*TASK PROMPT*
In the entries below, find the line containing "- Kavljici z" and the line containing "ZADRGE IN VRATA". Copy those two lines and everything between them exactly, and only that.

*GIVEN ENTRIES*
——————————

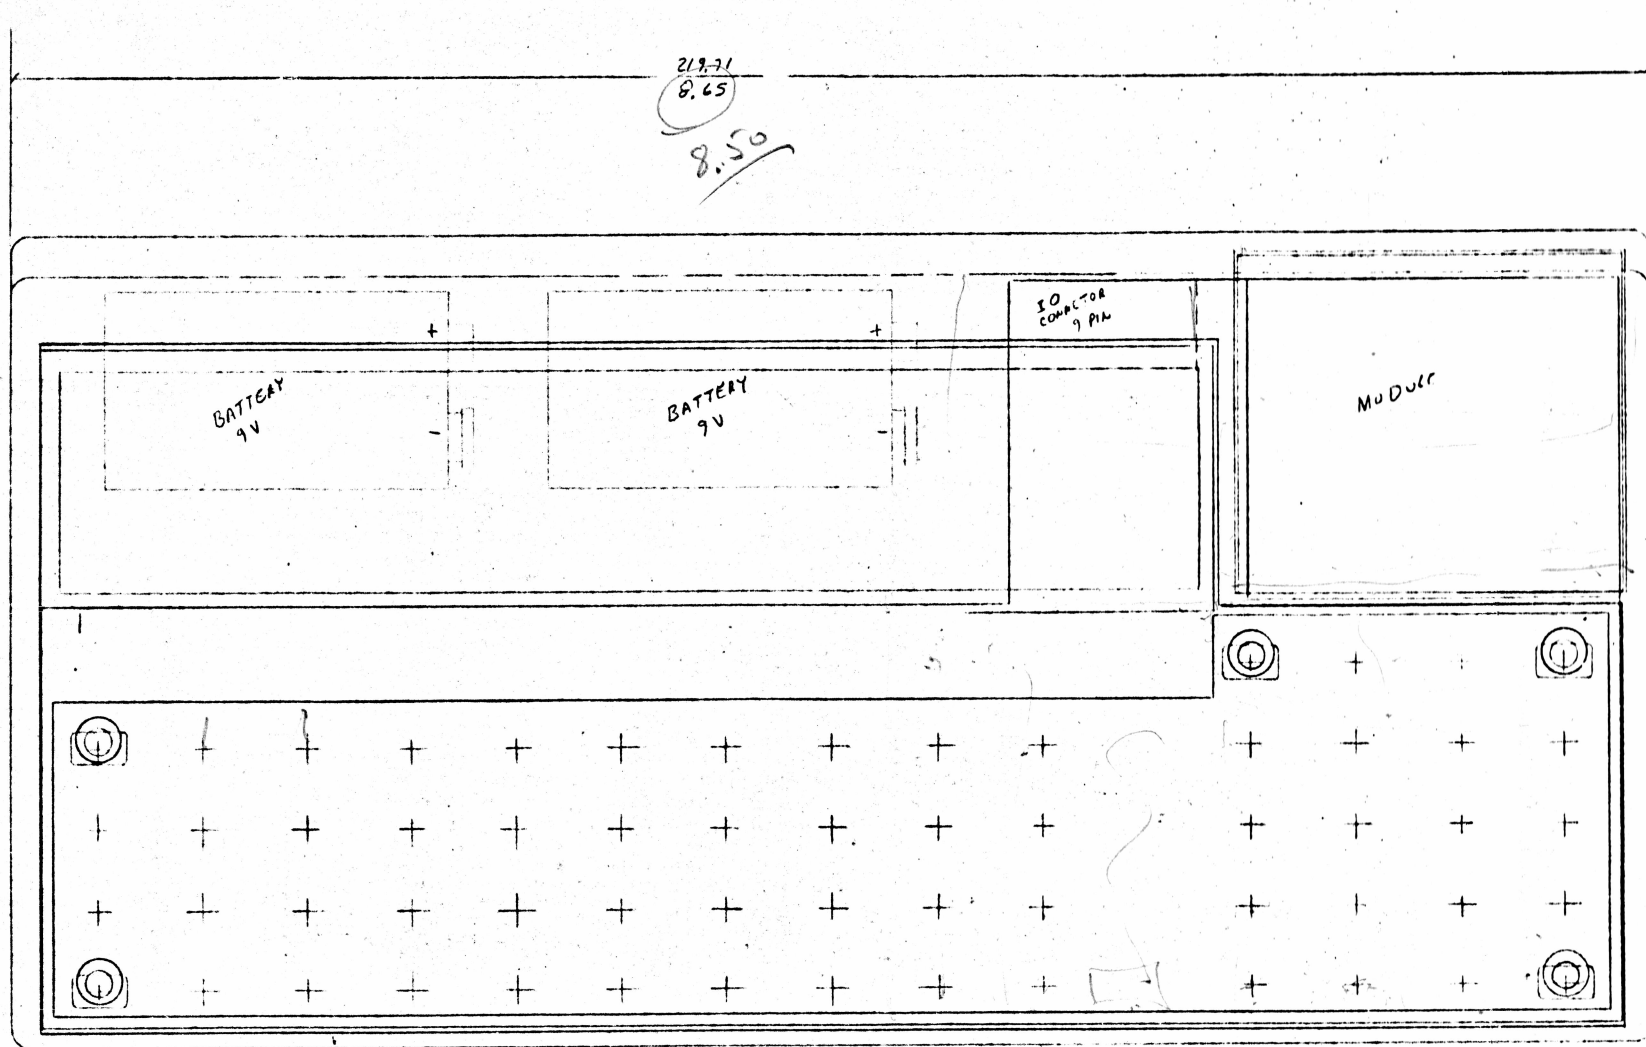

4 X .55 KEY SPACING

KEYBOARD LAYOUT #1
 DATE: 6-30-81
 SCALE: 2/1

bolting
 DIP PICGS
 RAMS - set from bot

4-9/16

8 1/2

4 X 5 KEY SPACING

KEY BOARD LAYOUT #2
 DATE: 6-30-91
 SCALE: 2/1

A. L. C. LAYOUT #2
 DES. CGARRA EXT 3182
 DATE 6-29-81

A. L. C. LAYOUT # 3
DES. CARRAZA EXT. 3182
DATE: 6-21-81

——————————

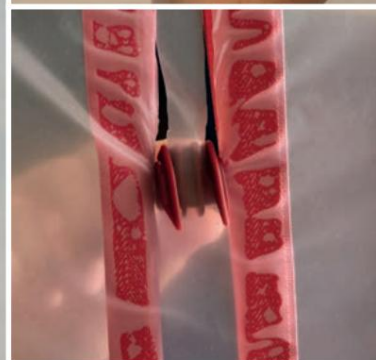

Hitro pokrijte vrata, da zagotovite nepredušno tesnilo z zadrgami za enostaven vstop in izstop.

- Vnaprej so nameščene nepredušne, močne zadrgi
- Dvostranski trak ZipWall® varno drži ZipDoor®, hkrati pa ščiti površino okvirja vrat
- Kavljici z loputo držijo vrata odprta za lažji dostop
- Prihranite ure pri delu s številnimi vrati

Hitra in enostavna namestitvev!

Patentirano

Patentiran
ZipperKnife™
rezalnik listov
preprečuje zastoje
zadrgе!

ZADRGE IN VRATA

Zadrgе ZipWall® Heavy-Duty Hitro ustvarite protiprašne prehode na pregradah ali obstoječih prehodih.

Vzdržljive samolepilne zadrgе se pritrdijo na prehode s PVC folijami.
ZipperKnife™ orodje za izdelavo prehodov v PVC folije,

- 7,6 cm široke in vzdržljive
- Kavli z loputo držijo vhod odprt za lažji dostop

——————————

*TASK OUTPUT*
- Kavljici z loputo držijo vrata odprta za lažji dostop
- Prihranite ure pri delu s številnimi vrati

Hitra in enostavna namestitvev!

Patentirano

Patentiran
ZipperKnife™
rezalnik listov
preprečuje zastoje
zadrgе!

ZADRGE IN VRATA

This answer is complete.